Wouldn’t it be fantastic to interact with our automations using our most intuitive method – our voice? And wouldn’t it be great to have a single Personal Assistant that can communicate with other existing Agents?
This is where Vagent excels. It’s a streamlined Voice Interface that you and your entire team can utilize to engage with an AI Supervisor, essentially a personal AI Assistant with access to your custom workflows.
Watch the video below for a demonstration and a detailed explanation of its functionality.
To download the App, access the Docs, and obtain a Multi-Agent workflow template, please visit: https://vagent.io
Hi there,
Appreciate the excellent work and commitment to open-source. I've been using Vagent, and it's functioning flawlessly. I had an idea: what if we could enhance it by integrating OpenAI's real-time voice agent? This integration could enable us to connect tools that are executable in real-time via voice commands. For instance, we could configure callin.io workflows as webhooks and invoke them directly through the voice agent, eliminating the need for transcription. The agent could initiate workflows solely through voice commands, fostering a more fluid user experience. What are your thoughts on this concept?
Appreciate the feedback. Great to hear!
That's an interesting concept to integrate the new real-time API. I recently learned about its release. It's expected to reduce response times by approximately 2 seconds.
Using predefined commands feels like a step back in my opinion. It brings to mind the DOS era, where users needed to memorize commands to operate a computer. In contrast, I've structured the application and multi-agent system to facilitate more natural conversations, eliminating the need to understand the underlying processes. This makes it user-friendly, even for non-technical colleagues.
I believe transitioning to low-latency models from Groq could be an effective way to accelerate the overall response time.
Fantastic work on this! It's great that you've made it open source as well.
Looking forward to experimenting with this in my upcoming workflow builds.
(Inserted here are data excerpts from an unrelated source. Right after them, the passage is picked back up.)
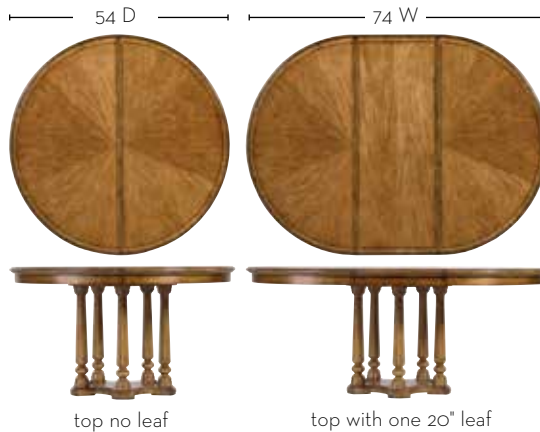

**222-11-34 BRASSERIE PUB TABLE**

Heirloom Cherry

Metal Base  
 40 Diameter 41H (102 x 104 cm)

SEE PAGES 6, 7

**222-15-06 VILLETTE FLIP TOP CONSOLE**

Heirloom Cherry finish with Sunlight Anigre on inside of flip top

Flip top; four pullout supports

Open top: 62W 28D 30H (157 x 71 x 76 cm)

Overall: 62W 14D 30 3/4H (157 x 36 x 78 cm)

SEE PAGES 12, 13, 32, 33

**222-15-30 ROND MEDIA CONSOLE**

Heirloom Cherry

Four drawers; electrical outlet; tooled top; two fixed shelves

80W 19D 36 3/16H (203 x 48 x 92 cm)

SEE INSIDE FRONT COVER, PAGES 11, 30

**222-61-32 TOUR MARAIS TABLE**

Sunlight Anigre

Consists of:

- 132 TOUR MARAIS TABLE TOP  
 54 Diameter 3 3/4H (137 x 10 cm)
- 232 TOUR MARAIS TABLE BASE  
 26 Diameter 26 1/2H (66 x 67 cm)
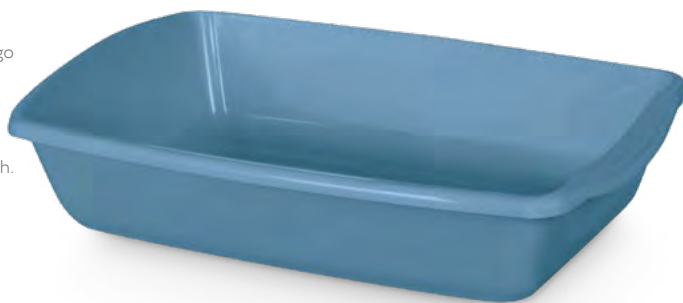

Cleo Classic line

- ☞ The Cleo Classic line cat litter boxes are made of high-quality non-toxic plastic. Ideal for teaching kittens and adult cats to use the toilet. The boxes are available in a variety of trendy colours and colour combinations.
- ☞ Cleo Classic line kuwety dla kota wykonane z wysokiej jakości nietoksycznego tworzywa. Idealne dla dorosłych kotów i kociąt do nauki czystości. Kuwety dostępne są w modnej i bogatej kolorystyce.
- ☞ Cleo Classic line und Katzentoiletten aus hochwertigem und ungiftigem Kunststoff. Perfekt geeignet, um Katzen und Katzenjungen Reinlichkeit beizubringen. Die Katzentoiletten sind in vielen angesagten Farben erhältlich.
- ☞ Cleo Classic line – лотки для кошек, изготовленные из высококачественной нетоксичной пластмассы. Идеально подходят для обучения котят и взрослых котов соблюдению чистоты. Цвета предлагаемых лотков модны и разнообразны.
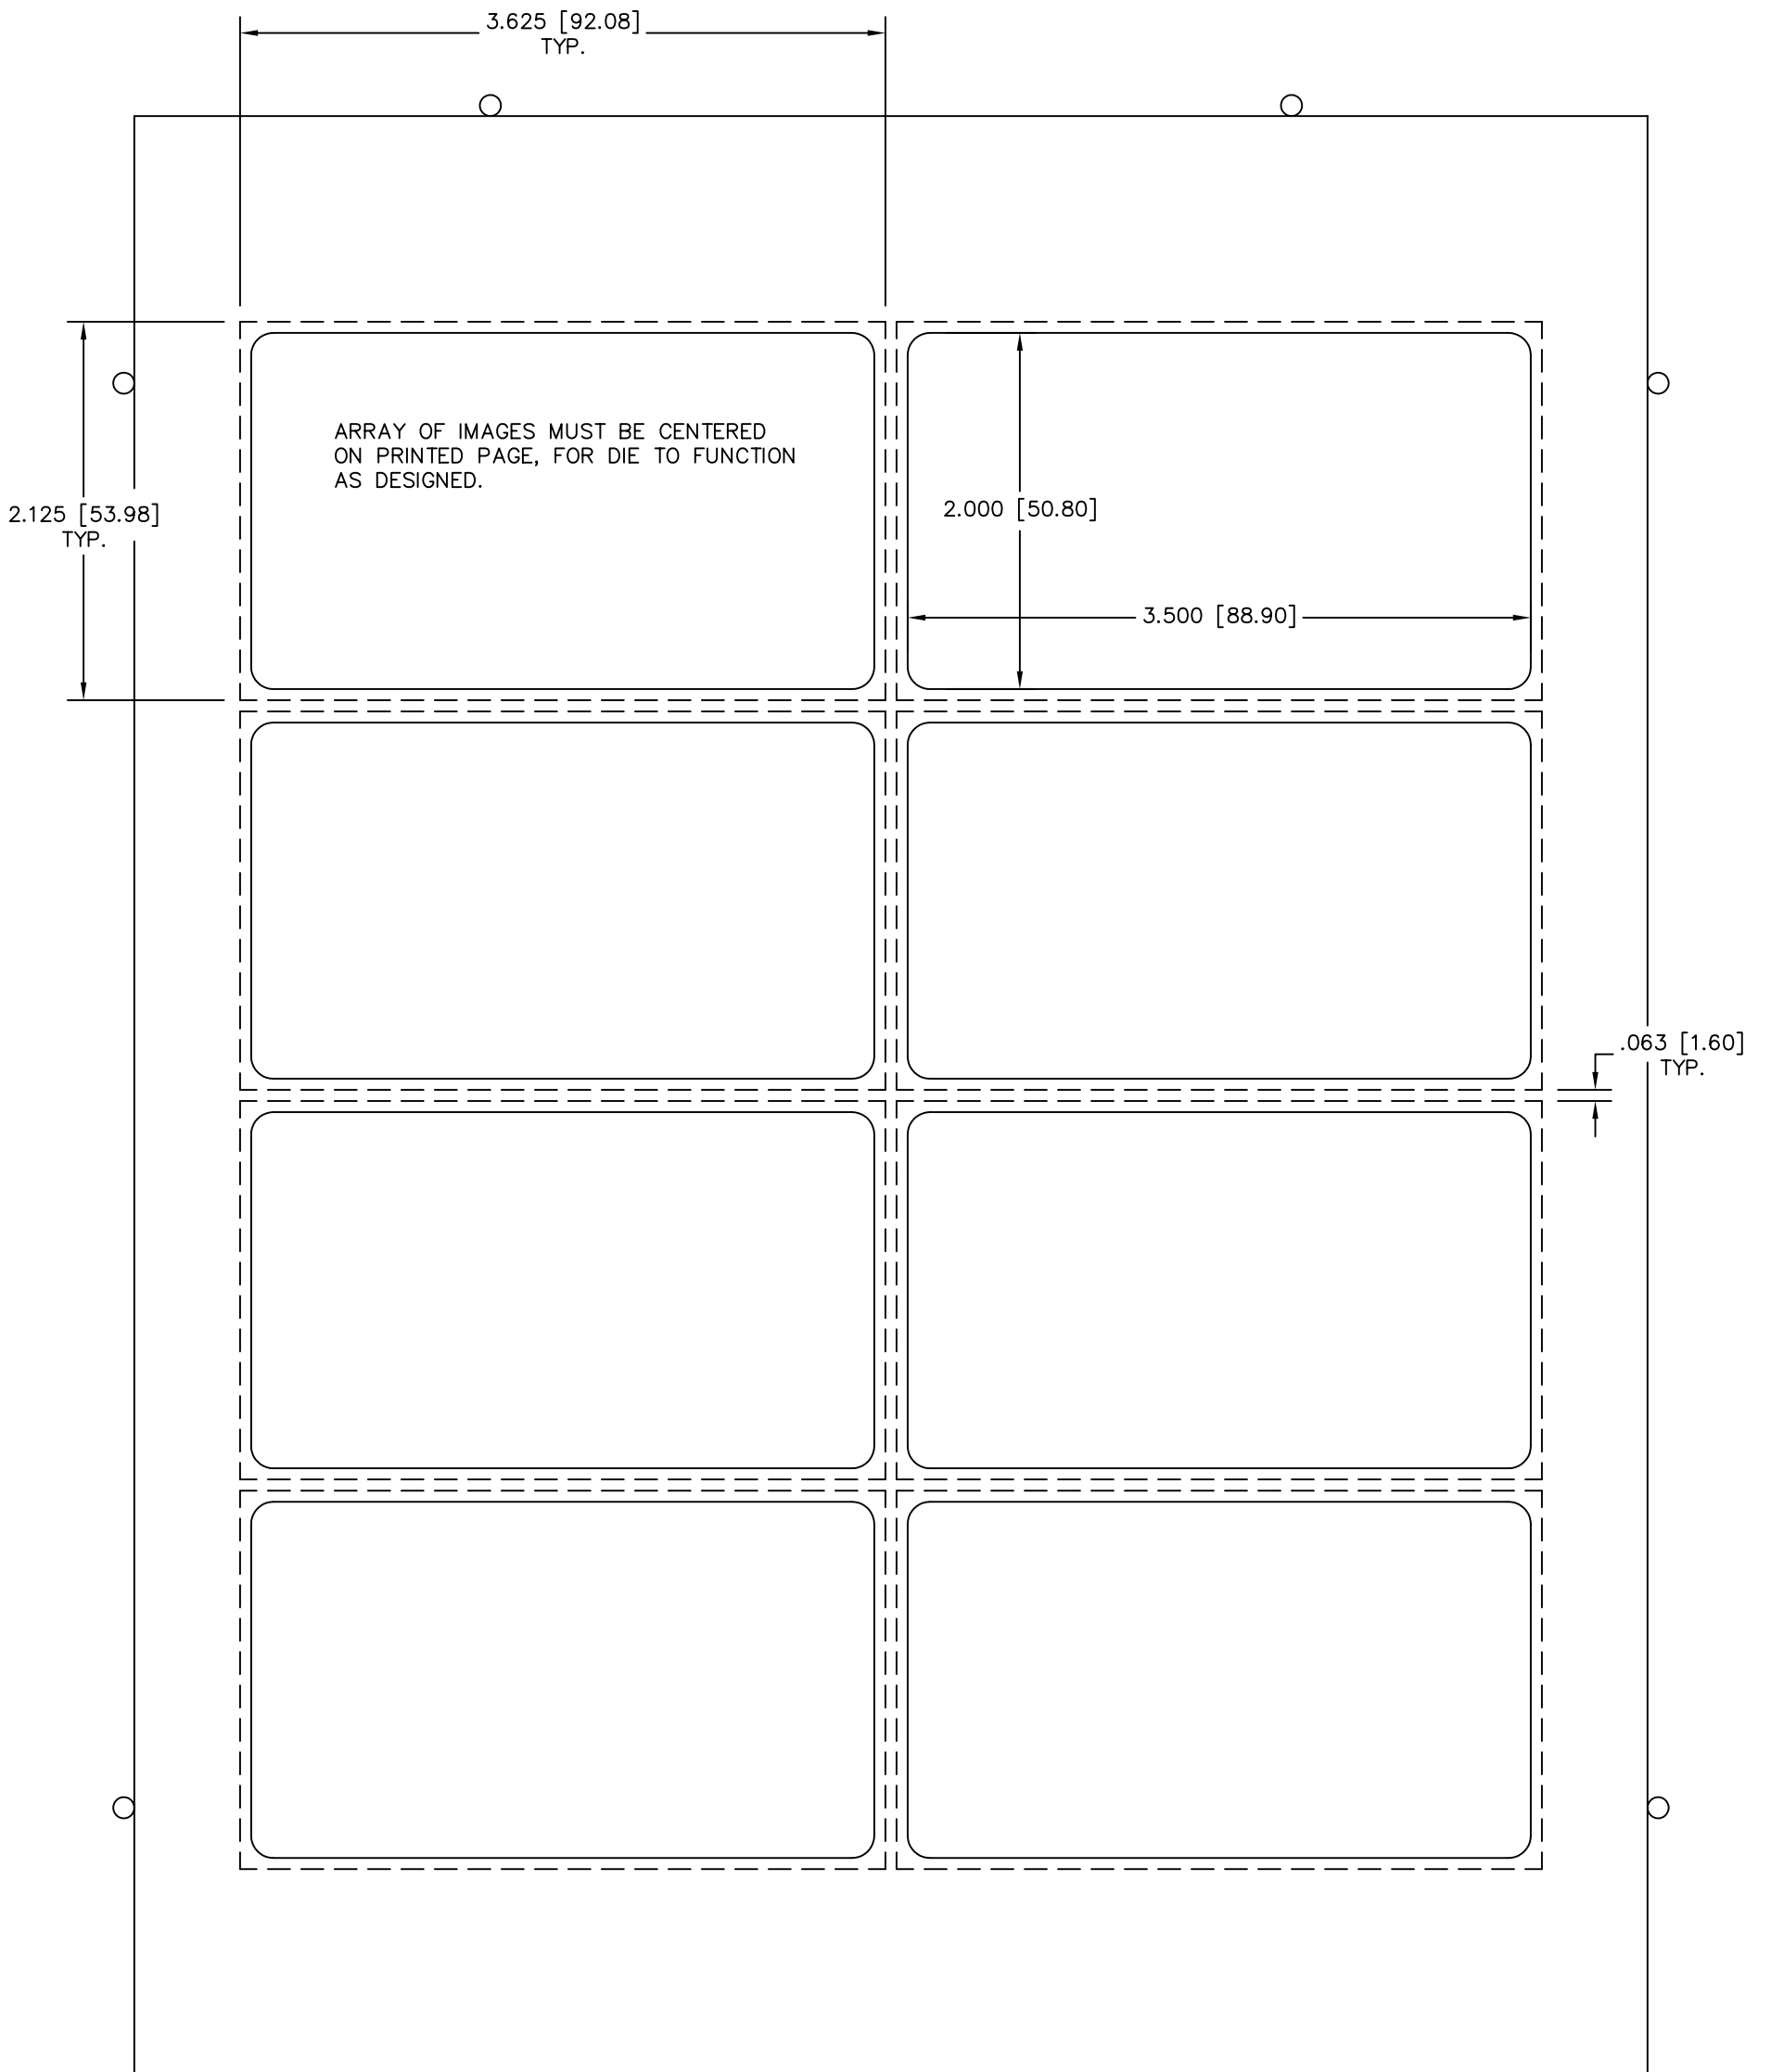

PAPER SIZE : 8 1/2" x 11"
IMAGE SIZE : 2 1/8" x 3 5/8"
DIE CUT SIZE : 2" x 3 1/2"

www.GOiMARK.com
1-888-GOiMARK (888-464-6275)

Dashed Lines = Image Requirement
Solid Lines = Cut Lines

DIE VINYL PART NUMBER : DVPI2X11011

DIE PART NUMBER : Pi2X11011

Fantastic work, thank you. I’m just starting to play with it. If you do make the switch to the Realtime API, it would be great if there was an option to use an Azure deployment of OpenAI Realtime API.
Wow, really nice work with lots of attention to details!
In my wish list, I would add the option for an OpenAI base URL so we can point to a proxy like LiteLLM or compatible providers such as Openrouter.
LiteLLM can serve as a proxy for Azure OpenAI, including the realtime-preview model.
Thanks!
That's fantastic – precisely what I needed! However, I'm not an iOS user. Is there any possibility you'll be releasing this for Android in the near future?
Another vote for the Android version. I've seen someone mention they got it working, but it involved downloading a roughly 100MB app from Google Drive, which always feels a bit insecure (not making a judgment on its actual security, just the perception).
Android version: GitHub - octionic/vagent-android: A voice activated interface for your custom AI Agent.